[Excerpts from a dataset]
-=-=-

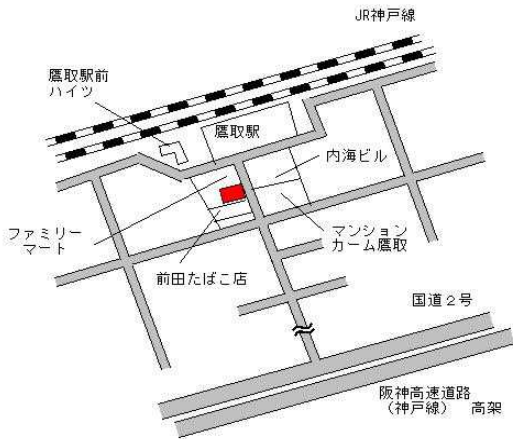

長田(県) 神戸市長田区本庄町3丁目16番  
- 1 「本庄町3-3-7」 184,000円  
1.1% 66㎡

J R 鷹取 300m

長田(県) 神戸市長田区上池田1丁目23番1  
- 3 0 「上池田1-5-2」 122,000円  
▲ 0.8% 82㎡

神戸高速高速長田 1.1km

長田(県) 神戸市長田区浜添通2丁目1番1内  
- 4 「浜添通2-2-28」 115,000円  
0.9% 353㎡

神戸市営地下鉄海岸線 510m

長田(県) 神戸市長田区片山町1丁目8番18  
- 5 4 「片山町1-20-15」 168,000円  
0.6% 74㎡

神戸高速高速長田 570m

長田(県) 神戸市長田区西代通3丁目7番3  
- 6 「西代通3-7-2-2」 158,000円  
1.9% 52㎡

山陽電鉄西代 550m

長田(県) 神戸市長田区西山町4丁目7番  
- 7 「西山町4-4-16」 56,000円  
▲ 3.4% 211㎡

神戸高速高速長田 1.5km

長田(県) 5-1	神戸市長田区浪松町2丁目2番3号 「浪松町2-1-12」 喫茶ユニーク	240,000円 2.1 % 68㎡
--------------	---	--------------------------

J R 鷹取 80m

長田(県) 5-2	神戸市長田区松野通1丁目10番3号外 「松野通1-5-16」 国際ビル	330,000円 1.9 % 350㎡
--------------	---	---------------------------

J R 新長田 130m

長田(県) 5-3	神戸市長田区腕塚町7丁目4番2号外 「腕塚町7-1-3」 花本花店	197,000円 1.0 % 101㎡
--------------	---	---------------------------

J R 新長田 650m
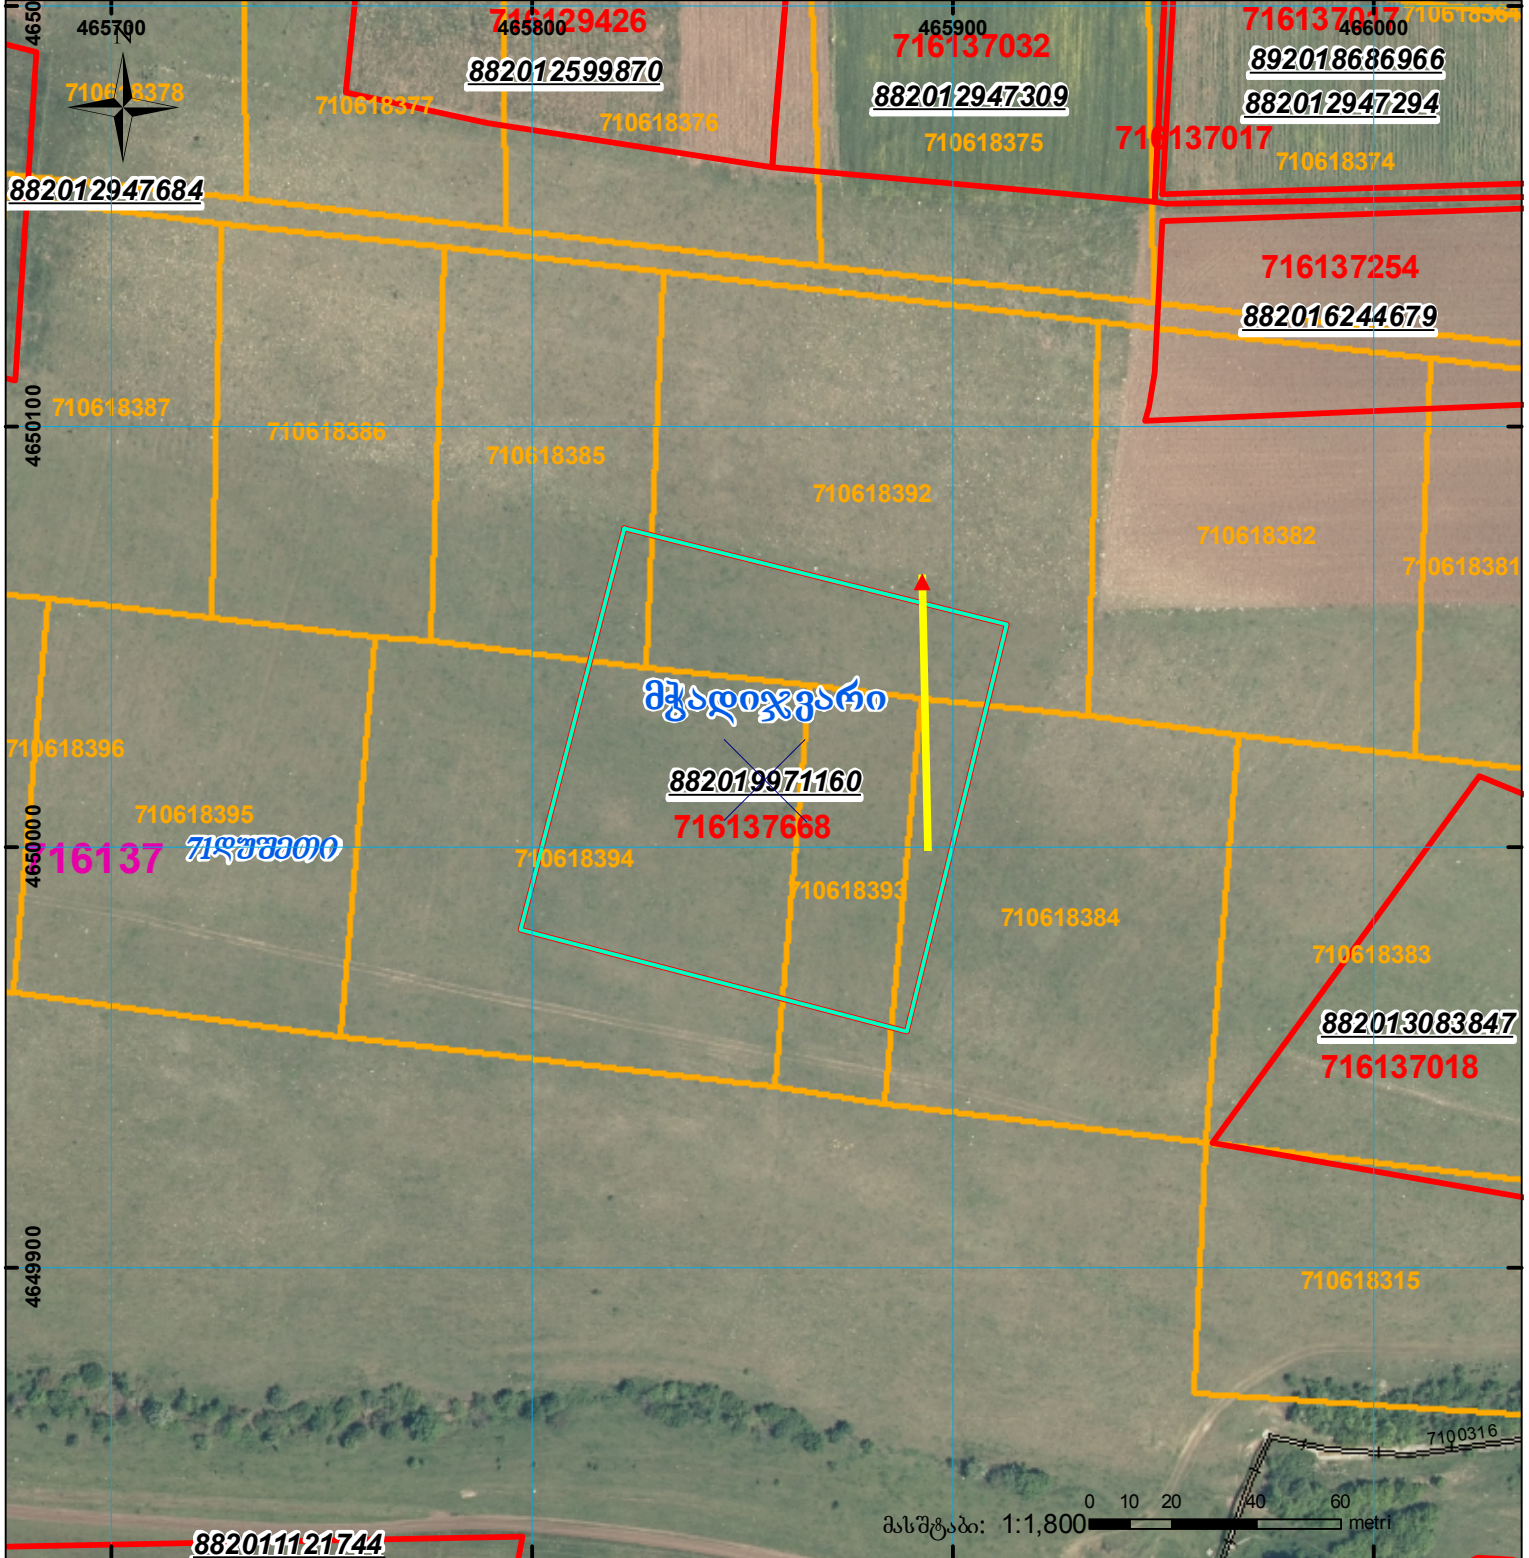

ზედგება სისტემური კოდიტ რეგისტრირებულ ნაკვეთებთან 71.06.18.384
71.06.18.394 / 71.06.18.385 / 71.06.18.393

წარმოდგენილი ნაკვეთი არ შეესაბამება სისტემური კოდიტ რეგისტრირებულ ნაკვეთის მდებარეობას

მიწის ნაკვეთის საკადასტრო კოდი: 71 61 37 668
ბანცხალების რეგისტრაციის ნომერი: 882019971160
მიწის ნაკვეთის ფართობი: 9400 კვ.მ.
დანიშნულება:
მეცხადების თარიღი: 22.11.19

	შენიშნა-ნაგებობა, პირობითი ნომერი/სართულიანობა		კვადრატული ნაკვეთი		საზღვრული ნაკვეთი	 <p>UTM (საერთაშორისო) სისტემის კოორდ.</p>
	მიწის ნაკვეთის საკადასტრო საზღვარი		მწკრივარე ნაკვეთი			
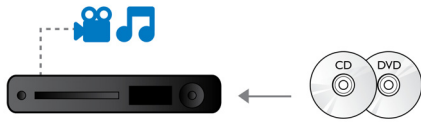

Kenmerken

Geniet van films en muziek

Geniet van al uw films en muziek vanaf CD en DVD

-=-=-

The finished copy should match the data above word for word and contain no pictures.

長田(県) 神戸市長田区本庄町3丁目16番  
- 1 「本庄町3-3-7」 184,000円  
1.1% 66㎡

J R 鷹取 300m

長田(県) 神戸市長田区上池田1丁目23番1  
- 3 0 「上池田1-5-2」 122,000円  
▲ 0.8% 82㎡

神戸高速高速長田 1.1km

長田(県) 神戸市長田区浜添通2丁目1番1内  
- 4 「浜添通2-2-28」 115,000円  
0.9% 353㎡

神戸市営地下鉄海岸線 510m

長田(県) 神戸市長田区片山町1丁目8番18  
- 5 4 「片山町1-20-15」 168,000円  
0.6% 74㎡

神戸高速高速長田 570m

長田(県) 神戸市長田区西代通3丁目7番3  
- 6 「西代通3-7-2-2」 158,000円  
1.9% 52㎡

山陽電鉄西代 550m

長田(県) 神戸市長田区西山町4丁目7番  
- 7 「西山町4-4-16」 56,000円  
▲ 3.4% 211㎡

神戸高速高速長田 1.5km

長田(県) 5-1	神戸市長田区浪松町2丁目2番3号 「浪松町2-1-12」 喫茶ユニーク	240,000円 2.1 % 68㎡
--------------	---	--------------------------

J R 鷹取 80m

長田(県) 5-2	神戸市長田区松野通1丁目10番3号外 「松野通1-5-16」 国際ビル	330,000円 1.9 % 350㎡
--------------	---	---------------------------

J R 新長田 130m

長田(県) 5-3	神戸市長田区腕塚町7丁目4番2号外 「腕塚町7-1-3」 花本花店	197,000円 1.0 % 101㎡
--------------	---	---------------------------

J R 新長田 650m

ზედგება სისტემური კოდიტ რეგისტრირებულ ნაკვეთებთან 71.06.18.384
71.06.18.394 / 71.06.18.385 / 71.06.18.393

წარმოდგენილი ნაკვეთი არ შეესაბამება სისტემური კოდიტ რეგისტრირებულ ნაკვეთის მდებარეობას

მიწის ნაკვეთის საკადასტრო კოდი: 71 61 37 668
ბანცხალების რეგისტრაციის ნომერი: 882019971160
მიწის ნაკვეთის ფართობი: 9400 კვ.მ.
დანიშნულება:
მეცხადების თარიღი: 22.11.19

	შენიშნა-ნაგებობა, პირობითი ნომერი/სართულიანობა		კვადრატული ნაკვეთი		საზღვრული ნაკვეთი	 <p>UTM (საერთაშორისო) სისტემის კოორდ.</p>
	მიწის ნაკვეთის საკადასტრო საზღვარი		მწკრივარე ნაკვეთი			

Kenmerken

Geniet van films en muziek

Geniet van al uw films en muziek vanaf CD en DVD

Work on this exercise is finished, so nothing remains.